:: Data to process ::

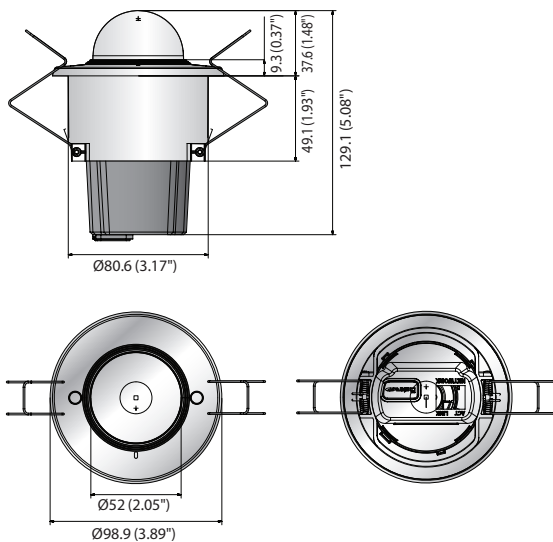

## Dimensions

Unit : mm (inch)

XND-6011F	
<b>VIDEO</b>	
Imaging Device	1/2.8" 2M CMOS
Total Pixels	1,945(H) x 1,109(V) 2.16M
Effective Pixels	1,945(H) x 1,097(V) 2.13M
Scanning System	Progressive Scan
Min. Illumination	Color: 0.055 Lux (F2.0, 1/30sec), B/W: 0.055 Lux (F2.0, 1/30sec)
S / N Ratio	50dB
Video Out	USB : Micro USB Type B, 1280 x 720, for Installation
<b>LENS</b>	
Focal Length (Zoom Ratio)	2.8mm fixed
Max. Aperture Ratio	F2.0
Angular Field of View	H : 112° / V : 62° / D : 130°
Min. Object Distance	0.2m (0.66ft)
Focus Control	Manual
Lens / Mount Type	Fixed / Board-in Type
<b>PAN / TILT / ROTATE</b>	
Pan / Tilt / Rotate Range	0° ~ 355° / 0° ~ 47° / 0° ~ 353°
<b>OPERATIONAL</b>	
Camera Title	Off / On (Displayed up to 85 Characters) - W/W : English / Numeric / Special Characters - China : English / Numeric / Special / Chinese Characters - Common : Multi-line (Max 5), Color (Gray / Green / Red / Blue / Black / White), Transparency, Auto Scale by Resolution
Day & Night	Auto (Electrical) / Color / B/W / Schedule
Backlight Compensation	Off / BLC / HLC (Masking / Dimming) / WDR
Wide Dynamic Range	150dB
Contrast Enhancement	SSDR (Off / On)
Digital Noise Reduction	SSNRV (2D + 3D Noise filter) (Off / On)
Digital Image Stabilization	Off / On
Defog	Off / Auto (input from fog detection) / Manual
Motion Detection	Off / On (8ea, 8Point polygonal zones), Handover
Privacy Masking	Off / On (32ea, polygonal zones) - Color : Gray / Green / Red / Blue / Black / White - Mosaic
Gain Control	Off / Low / Middle / High
White Balance	ATW / AWC / Manual / Indoor / Outdoor (Included Mercury & Sodium)
Contrast	Level Adjustment
LDC (Lens Distortion Correction)	Off / On (5 levels with min / max)
Electronic Shutter Speed	Minimum / Maximum / Anti Flicker (2 ~ 1/12,000sec)
Digital PTZ	24X, Digital PTZ (Preset, Group)
Flip / Mirror	Off / On, Hallway : 90° / 270°
Video & Audio Analytics	Tampering, Loitering, Directional detection, Defocus detection, Fog detection, Virtual line, Enter / Exit, (Dis) Appear, Audio detection, Face detection, Motion detection, Digital auto tracking, Sound classification, People counting, Heatmap, Queue management
Alarm Triggers	Motion detection, Video & Audio Analytics, Network disconnect
Alarm Events	File Upload Via FTP, E-mail, Notification via e-mail, Local Storage (SD / SDHC / SDXC) or NAS recording at event triggers, External output, DPTZ preset
Pixel Counter	Support
<b>NETWORK</b>	
Ethernet	RJ-45 (10/100 BASE-T)
Video Compression Format	H.265 / H.264 (MPEG-4 Part 10 / AVC) : Main / Baseline / High, MJPEG
Resolution	1920 x 1080, 1280 x 1024, 1280 x 960, 1280 x 720, 1024 x 768, 800 x 600, 800 x 448, 720 x 576, 720 x 480, 640 x 480, 640 x 360, 320 x 240
Max. Framerate	H.265 / H.264 : Max. 60fps at all resolutions, MJPEG : Max. 30fps
Smart Codec	Manual Mode (Area-based : 5ea)
WiseStreamII	Support
Video Quality Adjustment	H.265 / H.264 / MJPEG : Target bitrate level control
Bitrate Control Method	H.265 / H.264 : CBR or VBR, MJPEG : VBR
Streaming Capability	Multiple streaming (Up to 10 Profiles)
Audio In	Built-in MIC
Audio Compression Format	G.711 u-law / G.726 Selectable G.726 (ADPCM) 8KHz, G.711 8KHz G.726 : 16Kbps, 24Kbps, 32Kbps, 40Kbps, AAC-LC : 48Kbps at 8 / 16 / 32 / 48KHz
Audio Communication	Uni-directional
IP	IPv4, IPv6
Protocol	TCP/IP, UDP/IP, RTP (UDP), RTP (TCP), RTCP, RTSP, NTP, HTTP, HTTPS, SSL/TLS, DHCP, PPPoE, FTP, SMTP, ICMP, IGMP, SNMPv1/v2c/v3 (MIB-2), ARP, DNS, DDNS, QoS, PIM-SM, UPnP, Bonjour
Security	HTTPS (SSL) Login Authentication, Digest Login Authentication, IP address filtering, User access Log, 802.1X Authentication (EAP-TLS, EAP-LEAP)
Streaming Method	Unicast / Multicast
Max. User Access	20 Users at Unicast Mode
Edge Storage	SD/SDHC/SDXC 1slot (up to 256GB) - Motion Images recorded in the SD/SDHC/SDXC memory card can be downloaded. NAS(Network Attached Storage), Local PC for Instant Recording
Application Programming Interface	ONVIF Profile S/G, SUNAPI (HTTP API), Open Platform
Webpage Language	English, Korean, Chinese, French, Italian, Spanish, German, Japanese, Russian, Swedish, Portuguese, Czech, Polish, Turkish, Dutch, Hungarian, Greek
Supported OS	Windows 7, 8, 10, Mac OS X 10.10, 10.11, 10.12
Web Viewer	Non-plugin Webviewer - Supported Browser: Google Chrome, MS Edge, Mozilla Firefox (Window 64bit only), Apple Safari 10 (Mac OS X only) Plug-in Webviewer - Supported Browser: MS Explore 11, Apple Safari (Mac OS X only)
Central Management Software	SmartViewer, SSM
<b>ENVIRONMENTAL</b>	
Operating Temperature / Humidity	-10°C ~ +55°C (-14°F ~ +131°F) / Less than 90% RH
Storage Temperature / Humidity	-30°C ~ +60°C (-22°F ~ +140°F) / Less than 90% RH
<b>ELECTRICAL</b>	
Input Voltage / Current	PoE (IEEE802.3af, Class3)
Power Consumption	Max. 4.7W
<b>MECHANICAL</b>	
Color / Material	Module : Black / Metal, Housing : Black / Plastic, Cover : Ivory / Plastic
Dimensions (WxH)	Ø98.9 x 129.1mm (Ø3.89" x 5.08") ※ Use a 83 ~ 86mm (3.25" ~ 3.4") diameter hole saw
Weight	275g (0.61 lb)
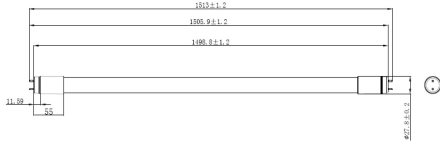

Features

- A range of high performance ToLEDo Superia T8 LED tubes with reminiscent look of fluorescent tubes.
- High performance glass construction design
- High lumen output - 4050lm, with an impressive lumen efficacy of 150 lm/W
- Omnidirectional light distribution (320°) and wide beam angle (220°)
- A++ energy rating and low power consumption
- Average rated life of 50'000 hours (L70 F50)
- Lamp length - 1500mm
- High power factor 0.95
- 200,000 switching cycle
- 5 years guarantee for complete peace of mind
- Colour temperature - 4000K
- Suitable for outdoor applications in weather proof luminaires
- Compatible with electromagnetic gear and also suitable for direct mains operation (220-240V)
- No bending or discoloration over time
- No contactable metal parts, therefore no potential risk of electric shock

Product Overview

Product name	ToLEDo SUPERIA T8 V4 5FT 4050LM 27W 840
Technology	LED
Watt (Rated) (W)	27
Cap/Base	G13
E-number FI	4740527
E-number SE	8292491
Colour temperature (K)	4000
CRI (Ra)	80
Colour Consistency (SDCM)	6
Wattage (W)	27
Product EAN number	5410288271071
Warranty	5 years

Photometry

Technical drawings

Data table

GENERAL DATA

ToLEDo SUPERIA T8 V4 5FT 4050LM 27W 840 0027107

Product name	ToLEDo SUPERIA T8 V4 5FT 4050LM 27W 840
Technology	LED
Watt (Rated) (W)	27
Cap/Base	G13
E-number FI	4740527
E-number SE	8292491
Warranty	5 years

PHYSICAL DATA

Nominal Product Diameter (mm)	1500
Length base to pin Min-Max (mm) - B	1513
Max. Lamp Diameter (mm) - D	28
Weight (kg)	0.28

PACKAGING

Single packaging type	Carton
Product EAN number	5410288271071
Packaging single width (cm)	4.6
Packaging single depth (cm)	4.6
DUN14 (outer)	05410288271071
Packaging outer length / height (cm)	160.5
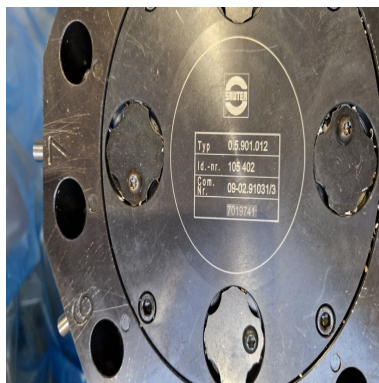

TECHNICAL DATA

TECHNICAL DESCRIPTION

Used 12-station turret for a Gildemeister Twin 42 in not repaired condition.

VIDEO-LINKS

WEB-LINK

<http://mhp.logotech.de/hpm/v7/Datenblatt/datenblatt.php?machineno=1022-0044>

Spare parts

SAUTER

0.5.450.212

Stock no. :1022-0044

Technical details and information subject to amendments and errors.
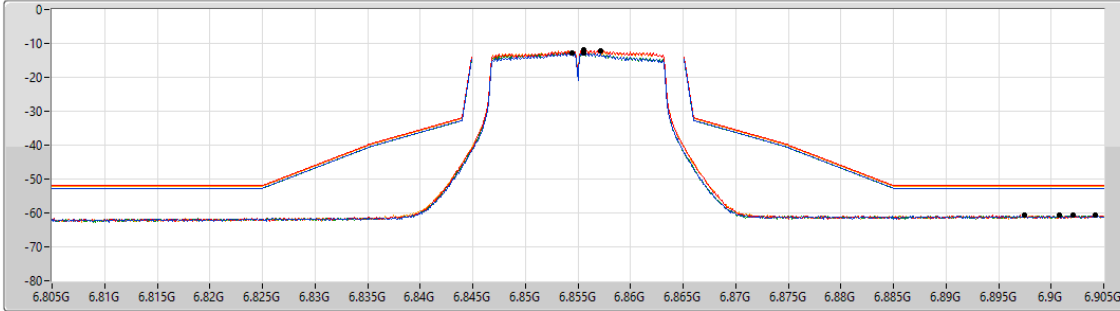

CF Freq
6.855GHz

Span
100MHz

RBW
200kHz

VBW
1MHz

Sweep Time
20ms

Detector Type
RMS

Port 1

Port 2
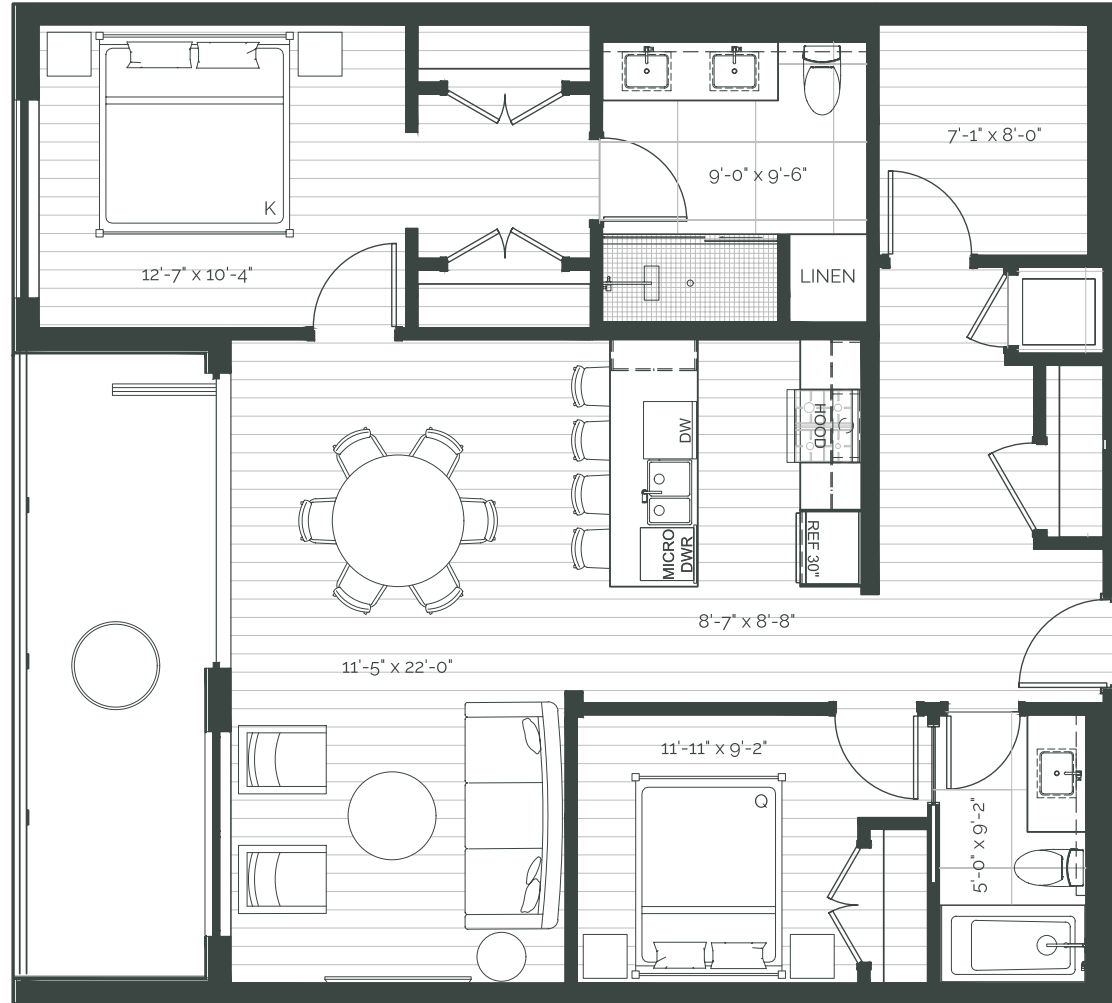

THE RISE
ON FIFTH

Suite 303 – 2 Bedroom

SUITE AREA: 1108 FT² | PATIO AREA: 341 FT²

THE RISE
ON FIFTH

Suite 304 – 2 Bedroom

SUITE AREA: 1031 FT² | PATIO AREA: 351 FT²

THE RISE
ON FIFTH

Suite 305 – 1 Bedroom

SUITE AREA: 634 FT² | PATIO AREA: 48 FT²

THE RISE
ON FIFTH

Suite 306 – 2 Bedroom

SUITE AREA: 1201 FT² | PATIO AREA: 87 FT²

THE RISE
ON FIFTH

Suite 307 – 2 Bedroom + Den

SUITE AREA: 1109 FT² | PATIO AREA: 143 FT²

THE RISE
ON FIFTH

Suite 308 – 2 Bedroom + Den

SUITE AREA: 1105 FT² | PATIO AREA: 143 FT²

THE RISE
ON FIFTH

Suite 309 – 2 Bedroom

SUITE AREA: 1205 FT² | PATIO AREA: 87 FT²

THE RISE
ON FIFTH

Suite 310 – 1 Bedroom
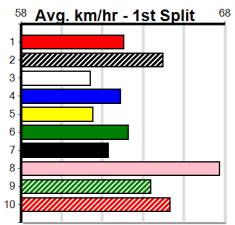

Watchdog Tips: **0 0 0 0** Bet: **.**
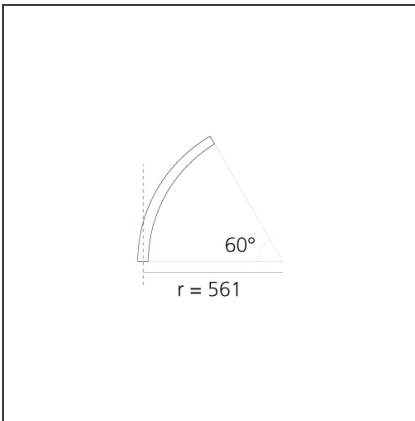

TECHNICAL DRAWINGS

FEATURES

Article Code:	AQ70601	Series:	Indoor, 2018 Artemide Collection
Colour:	White	Emission:	Direct
Installation:	Recessed, Wall, Suspension, Ceiling		
Environment:	Indoor		

DIMENSIONS

Width:	cm 2.7
Height:	cm 5.4

INCLUDED SOURCES

Category:	LED	Color temperature (K):	2700K
Number:	1	Color Tolerance:	MacAdam 2SDCM
Watt:	12W	Service Life:	L70 (6K) 50000h
Type:	0		

LUMINAIRE

Watt:	12W	Delivered lumens output (lm):	777lm
		CCT:	4000K
		CRI:	80

Notes

*Uses 1 DALI address. Each module, angle and curved elements are provided with mechanical and electrical joints and installation accessories. 1 suspension cable is also included. End caps have to be ordered separately. Sharping kit (louvres and covers) has to be ordered separately. Depending on the driver, the product can be undimmable or dimmable DALI.
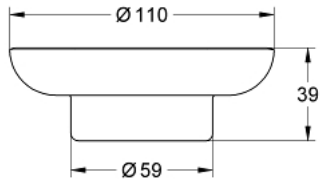

40 368 001 ESSENTIALS SOAP DISH

PRODUCT DESCRIPTION

- Colour: glass clear
- material: glass
- fits in the following holders:
 - Essentials (40 369 xx1/102 466 2430)
 - Essentials Cube (40 508)
 - Bau Cosmopolitan (40 585)
 - Essentials Authentic (40 652)
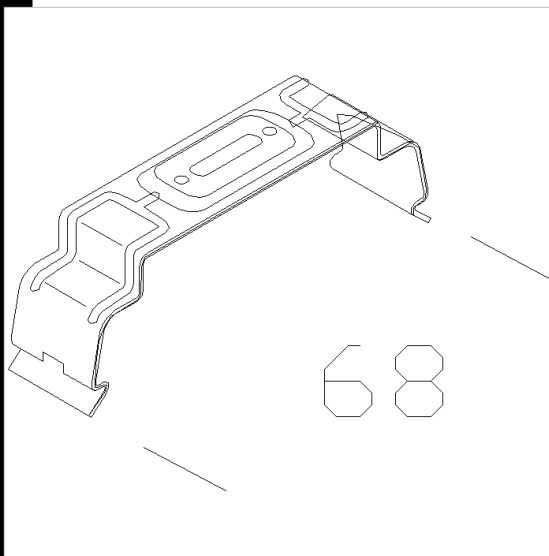

937 Staffa a plafone mono.

In acciaio inox Aisi 304.
Confezione di 100 bustine contenenti ciascuna 2 staffe + 2 viti.
Prezzo alla bustina.

Code	Kg	WTot	Colour
998072-00	0,04	0 W	INOX

Prodotti

- 981 Lunar T5

- 981 Lunar T8

The reported luminous flux is the flux emitted by the light source with a tolerance of $\pm 10\%$ compared to the indicated value. The W tot column indicates the total wattage absorbed by the system without exceeding 10% of the indicated
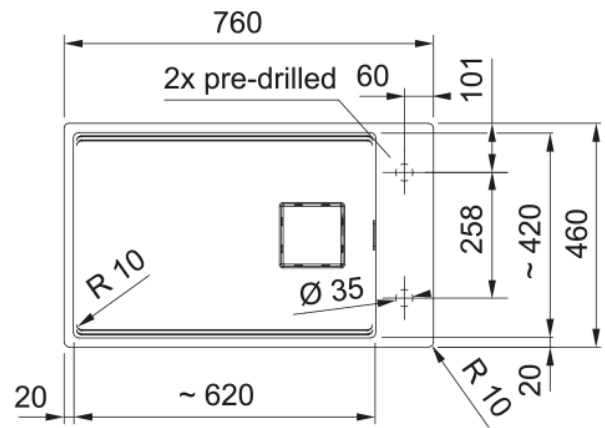

# KNG 110-62 3 1/2" WWK ND HOF SIP ON | 125.0529.612

KNG 110-62, 3 1/2", 760mm x 460mm, with waste kit and siphon, no drainer, with hidden overflow, onyx, box

## Dimensions

External size: right to left	760.0
External size: front to back	460.0
Bowl 1 size: right to left	620.0
Bowl 1 size: front to back	420.0
Bowl 1: depth	200.0
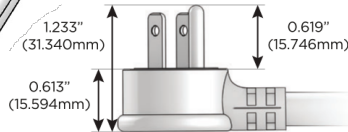

M-POWER-3T

AC POWER & DATA CONNECTIVITY SOLUTION

M-POWER-3TW-AMR-BZAB

Specs:

Modules/Ports:

- **A** Tamper Resistant AC Receptacle
- **M** Double USB-A (Fast Charging Ports - 18W)
- **R** Switched AC (Rocker Switch)

A M R
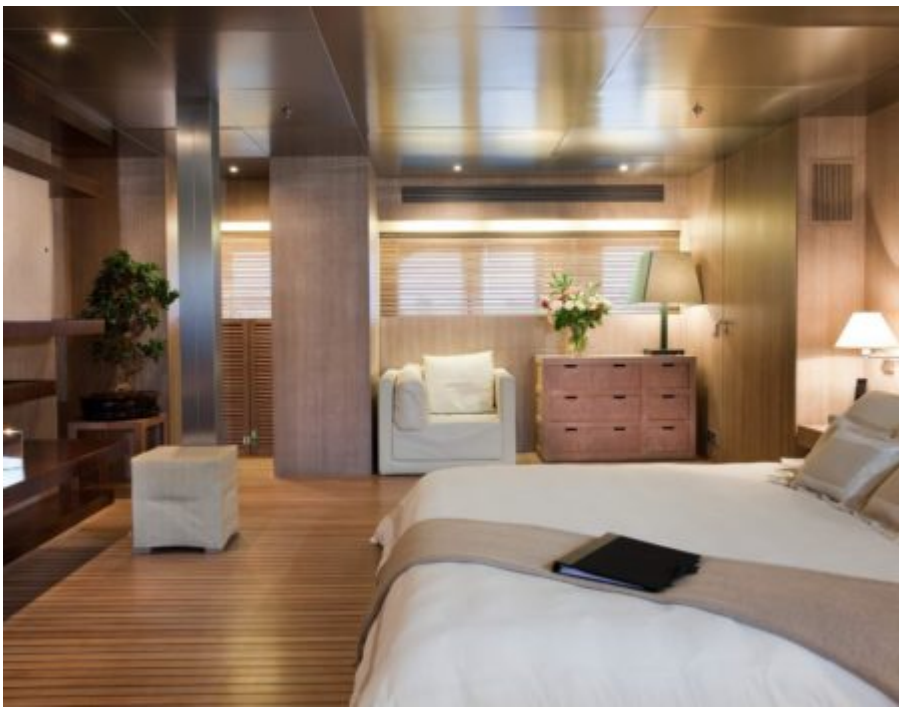

EXTERIOR DESIGN

INTERIOR DESIGN

GALLERY LIFESTYLE

Specifications

Summer low rate per week

185 000 €

Summer high rate per week

245 000 €

:::

## About this exercise
Look through the entries above and quote exactly the lines from the line with "Baseline / High, MJPEG" to the line with "bitrate level control", counting both of those lines.

## Result below
Video Compression Format	H.265 / H.264 (MPEG-4 Part 10 / AVC) : Main / Baseline / High, MJPEG
Resolution	1920 x 1080, 1280 x 1024, 1280 x 960, 1280 x 720, 1024 x 768, 800 x 600, 800 x 448, 720 x 576, 720 x 480, 640 x 480, 640 x 360, 320 x 240
Max. Framerate	H.265 / H.264 : Max. 60fps at all resolutions, MJPEG : Max. 30fps
Smart Codec	Manual Mode (Area-based : 5ea)
WiseStreamII	Support
Video Quality Adjustment	H.265 / H.264 / MJPEG : Target bitrate level control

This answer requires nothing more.